[Records drawn from a dataset]
-- Opening Marker --
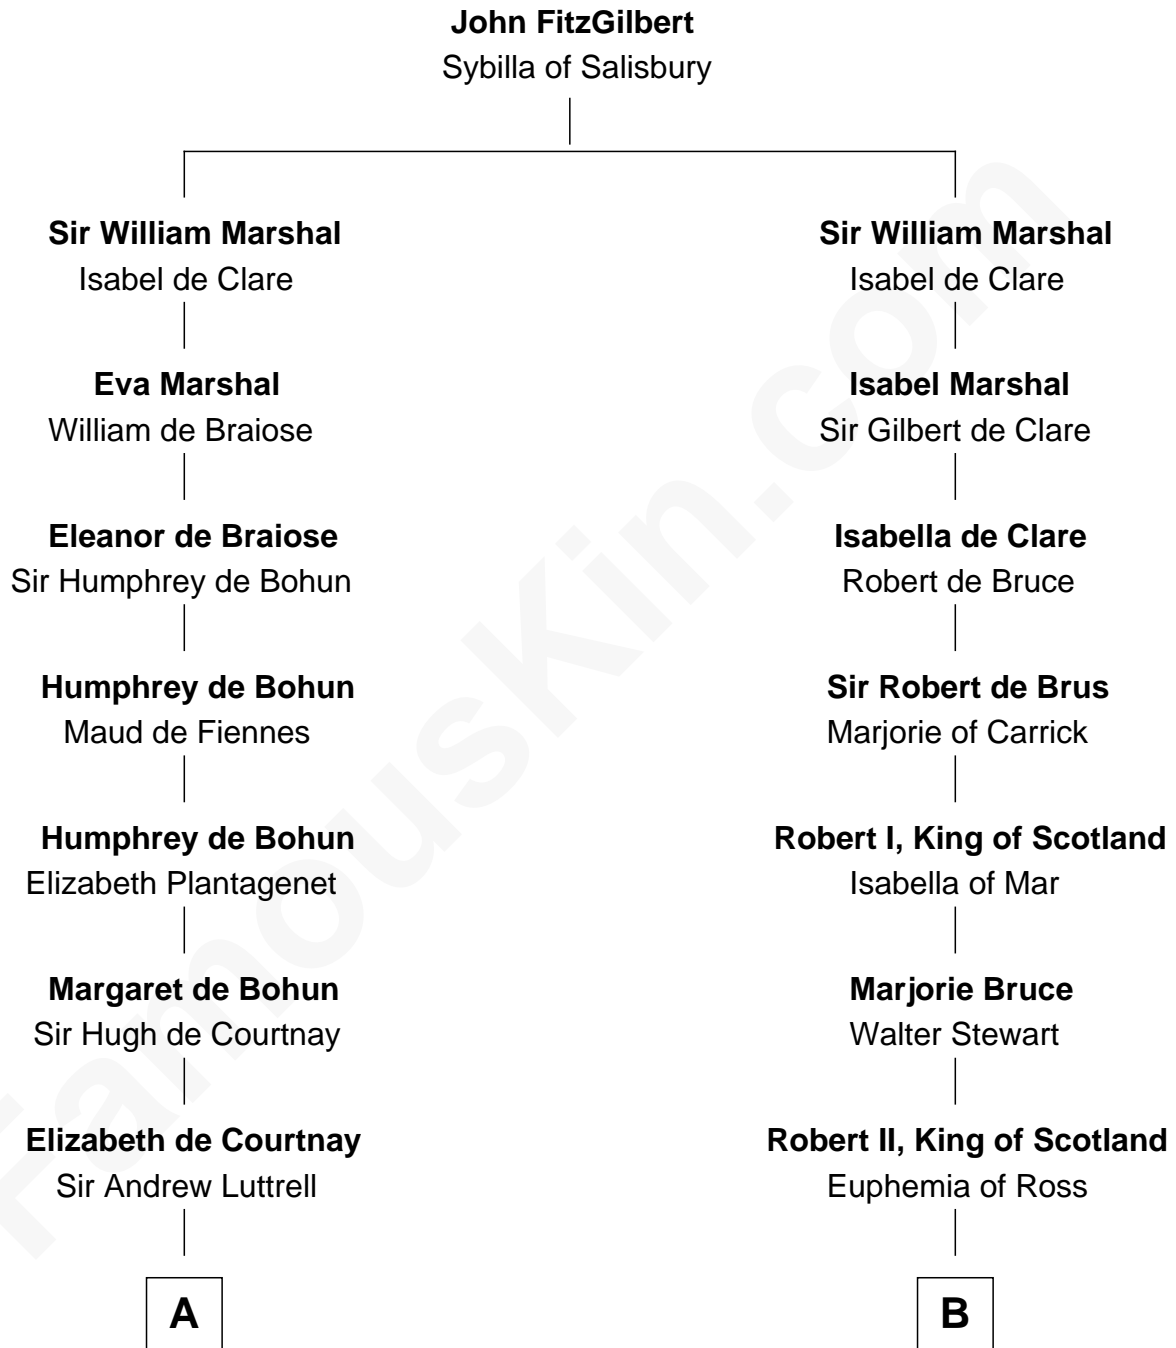

FamousKin.com
Relationship Chart of
Benjamin Harrison
23rd U.S. President

18th cousin 3 times removed of
Major John Pitcairn
British Commander at Battle of Lexington

C

Anne Carter
Benjamin Harrison

Benjamin Harrison
Elizabeth Bassett

Gen. William Henry Harrison
Anna Tuthill Symmes

John Scott Harrison
Elizabeth Ramsey Irwin

Benjamin Harrison
23rd U.S. President

D

Katherine Hamilton
Rev. David Pitcairn

Major John Pitcairn
British Commander at Lexington
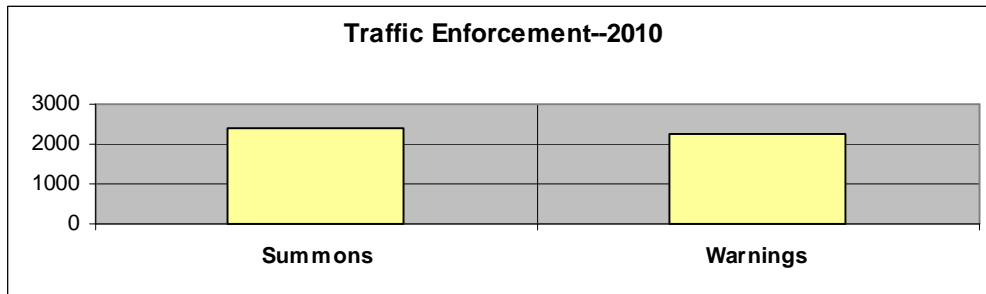

Traffic Enforcement:

Traffic Enforcement by Ward:

Enforcement by Wards 2010						
	Ward 1	Ward 2	Ward 3	Ward 4	Plaza	
Stop Sign	134	52	61	69	0	316
Careless Driving	2	9	0	4	0	15
DWI	4	11	3	1	0	19
Electric Signal	189	237	36	1	0	463
Hazardous Moving	275	171	75	25	8	554
Speeding	219	266	208	418	0	1111
Passenger Restraint	30	20	7	8	2	67
Drivers License	52	63	27	11	0	153
Equipment	194	240	127	43	1	605
Registration	257	358	173	46	4	838
Financial Responsibility	158	186	68	55	1	468
Parking	110	97	94	74	6	381
	1624	1710	879	755	22	4990

There were 4609 traffic enforcement actions taken in 2010. These actions were divided as follows:
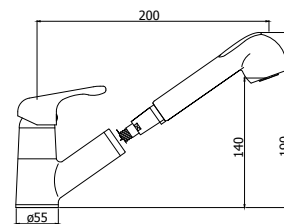

☉ **DE 183CR**

Miscelatore lavello con doccia estraibile (2 getti) e canna **tubo** orientabile
One-hole sink mixer with pull-out hand-shower (two-spray) and swivelling spout
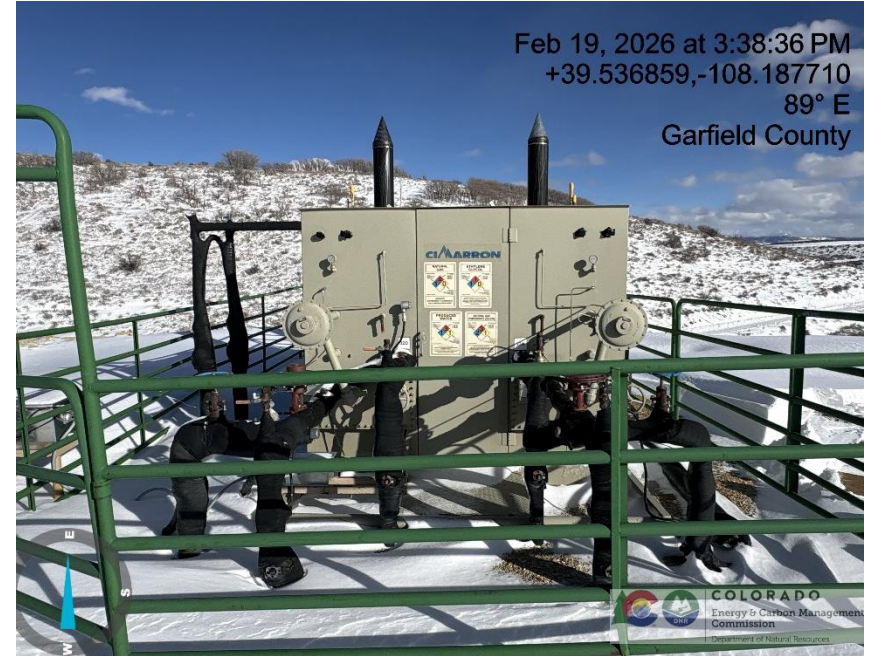

Inspection/Audit Photos

Location Name: QB ENERGY OPERATING LLC CHEVRON-MARATHON 23A-11D (11 X Pad)

Location #: 335703

Photo # 1348 From entrance to location

Photo # 1349 Location

Inspection/Audit Photos

Location Name: QB ENERGY OPERATING LLC CHEVRON-MARATHON 23A-11D (11 X Pad)

Location #: 335703

Photo # 1350 Location

Photo # 1351 Location

Inspection/Audit Photos

Location Name: QB ENERGY OPERATING LLC CHEVRON-MARATHON 23A-11D (11 X Pad)

Location #: 335703

Photo # 1352 Location

Photo # 1353 Location

Inspection/Audit Photos

Location Name: QB ENERGY OPERATING LLC CHEVRON-MARATHON 23A-11D (11 X Pad)

Location #: 335703

Photo # 1354 Location

Photo # 1355 Location

Inspection/Audit Photos

Location Name: QB ENERGY OPERATING LLC CHEVRON-MARATHON 23A-11D (11 X Pad)
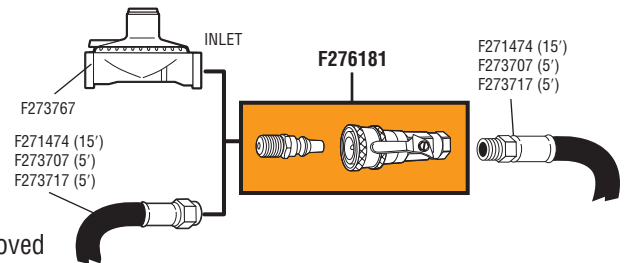

ACCESSORIES

Part#

Description

Application

A. F276181

Propane/Natural Gas Connector Kit w/Shutoff Valve & Full Flow Male Plug

(1/4" Male Pipe Thread x 1/4" Female Pipe Thread)

Features:

- 80,000 BTU capacity
- 1/2 P.S.I. rated
- Excess flow safety
- Thermal shutoff
- Automatic shutoff when plug is removed
- Additional safety valve shutoff
- UL Listed

B. F276186

Propane/Natural Gas 1/4" Quick Connector & Excess Flow Male Plug

(1/4" Male Pipe Thread x 1/4" Female Pipe Thread)

Features:

- 80,000 BTU capacity
- 250 P.S.I. rated
- Excess flow safety
- Thermal shutoff
- Auto shutoff when plug is removed
- UL Listed

C. F276187

Propane/Natural Gas 3/8" Quick Connector & Full Flow Male Plug

(3/8" Male Pipe Thread x 3/8" Female Pipe Thread)

Features:

- All BTU Capacities
- 1/2 P.S.I. rated
- Automatic shutoff when plug is removed
- UL Listed

D. F276190

Propane/Natural Gas Connector & Full Flow Male Plug
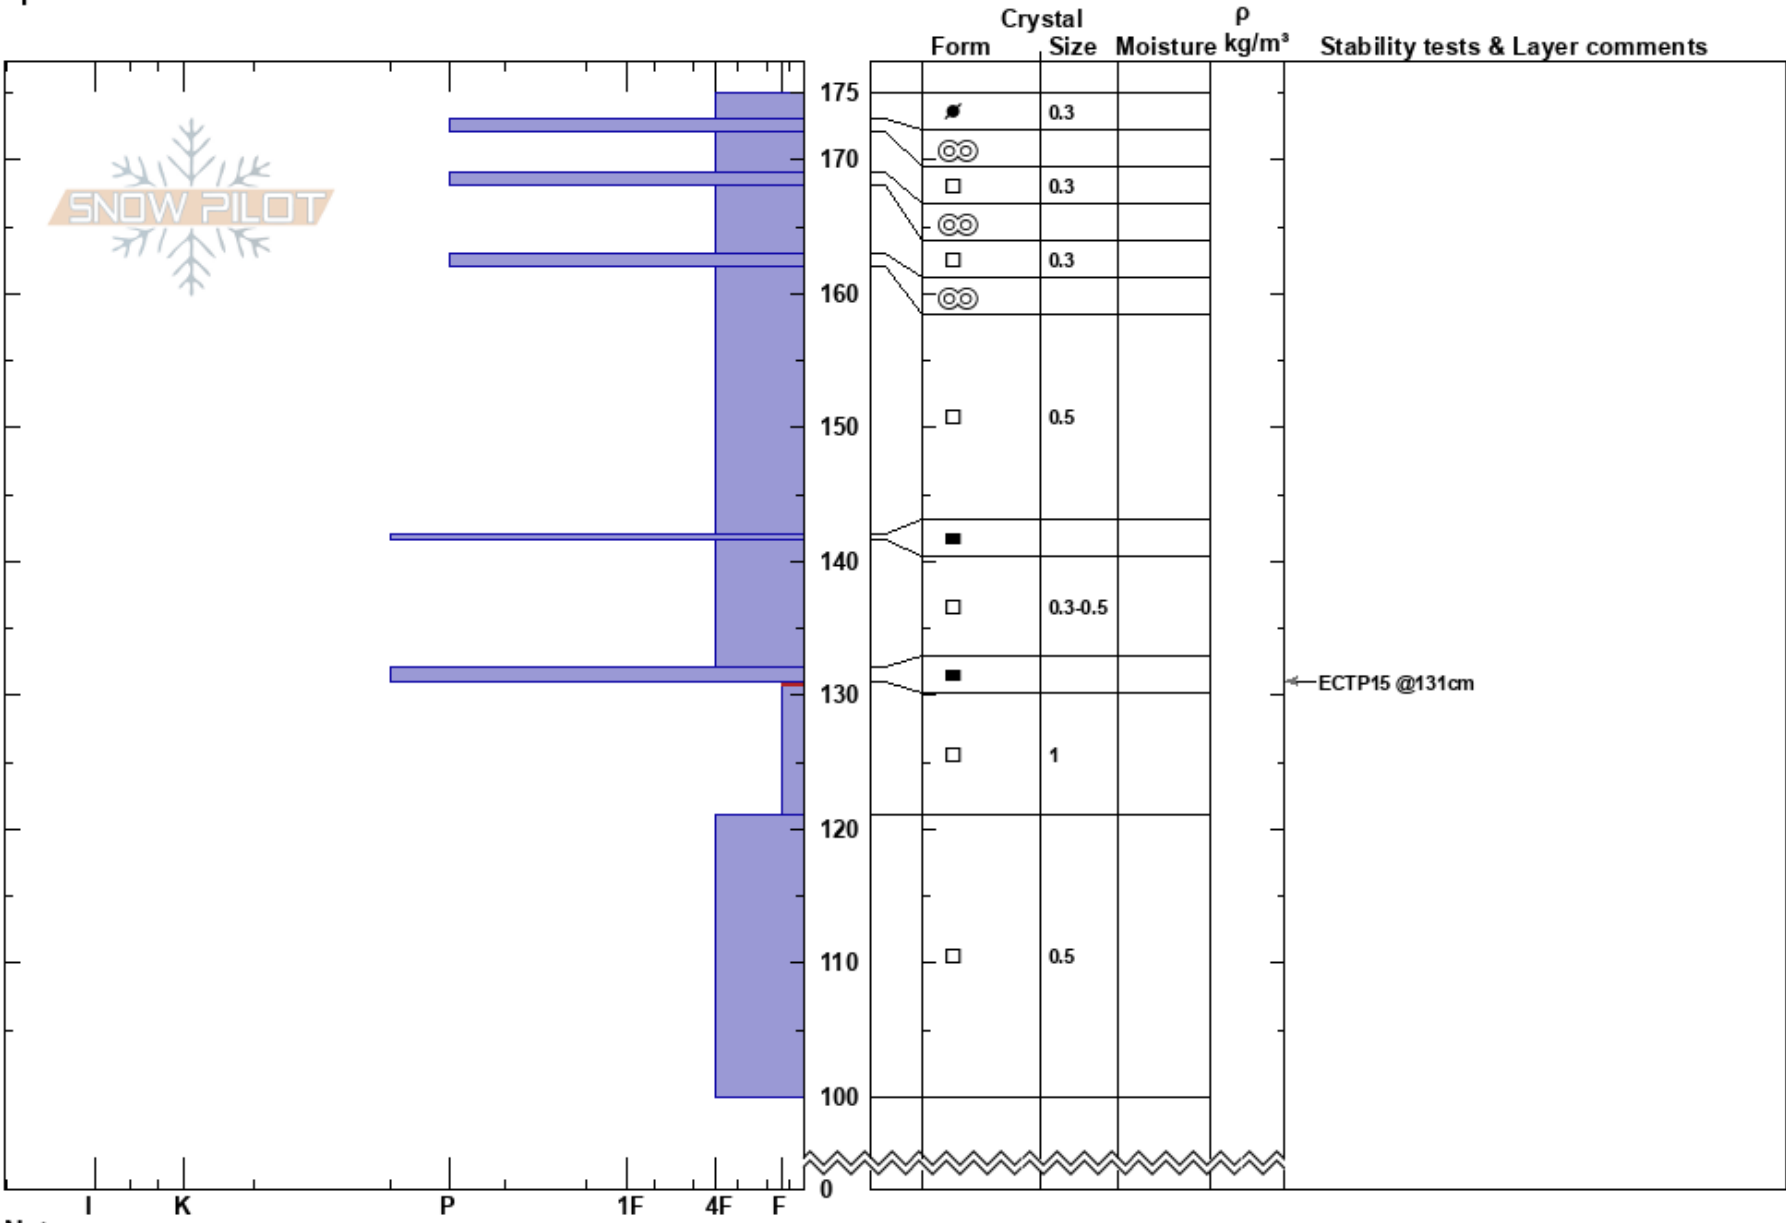

SE Homestake Peak
 Sawatch
 CO
 Elevation: 11709 ft
 Aspect: SE
 Specifics:

Jeremiah Primmer
 03/23/2022 - 1:00pm
 Co-ord: 39.36078N, -106.40259W
 Slope Angle:
 Wind Loading:

Stability:
 Air Temperature:
 Sky Cover:
 Precipitation:
 Wind:

HS: 175
 Layer Notes:
 131-121cm: Problematic layer

Notes:
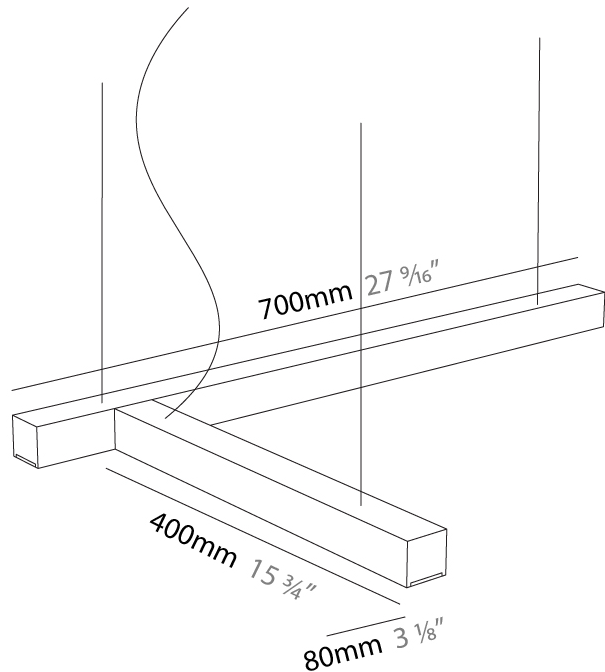

L-SHAPE SUSPENSION

D71001- -

base number
Color   Temperature   Finish   Options

1. To build a product code in our configurator select the specify button on the base model # product page
2. To build a manual product code on this datasheet choose from the options listed below in blue font and add the suffix to the base model #

GENERAL

Series: LED40 Modular
Subseries: L-Shape
Brand: Tunto
Division: Design
Mounting Type: Suspension
Mounting Location: Ceiling
Subcategory: Modular

PHYSICAL

Shape: Rectangle
Length (mm): 700
Length (in): 27 ⁹/₁₆"
Width (mm): 400
Width (in): 15 ³/₄"
Height (mm): 40
Height (in): 1 ⁹/₁₆"
Max. Overall Height (mm): 2040
Max. Overall Height (in): 80 ⁵/₁₆"
Extension (mm): 80
Extension (in): 3 ¹/₈"
Light Distribution: Direct
Diffuser: Opal;
Fixture Finish: [WAL](#) / [ASH](#) / [OAK](#) / [BLK](#) / [WHI](#)
Fixture Material: Wood

ELECTRICAL

Lamp Type: LED
Input Wattage (W): 23
Total Output Wattage (W): 19
Dimming: Tri-Mode (Non-Dimming and Phase Dimming (120Vac only) and 0-10V Dimming)
Driver Included: Yes
Driver Location: Integrated
Driver Type: Constant Current - Universal
Driver Class: Class 2
Input Voltage (V): 120 - 277
Constant Current (MA): 700

LED

Color Temperature (°K): [2700](#) / [3000](#) / [4000](#)
Max. Delivered Lumen (lm): 1000
CRI: >93 CRI
Lamp Life (hrs): 50000

OPTICAL

RATINGS AND CERTIFICATIONS

Certified By: Certified for North American Standards
IP rating: IP20
-- Closing Marker --
What you are asked to do>
Search the entries for the word "Lexington" and pick out every line that holds it.

Output of the exercise>
British Commander at Battle of Lexington
British Commander at Lexington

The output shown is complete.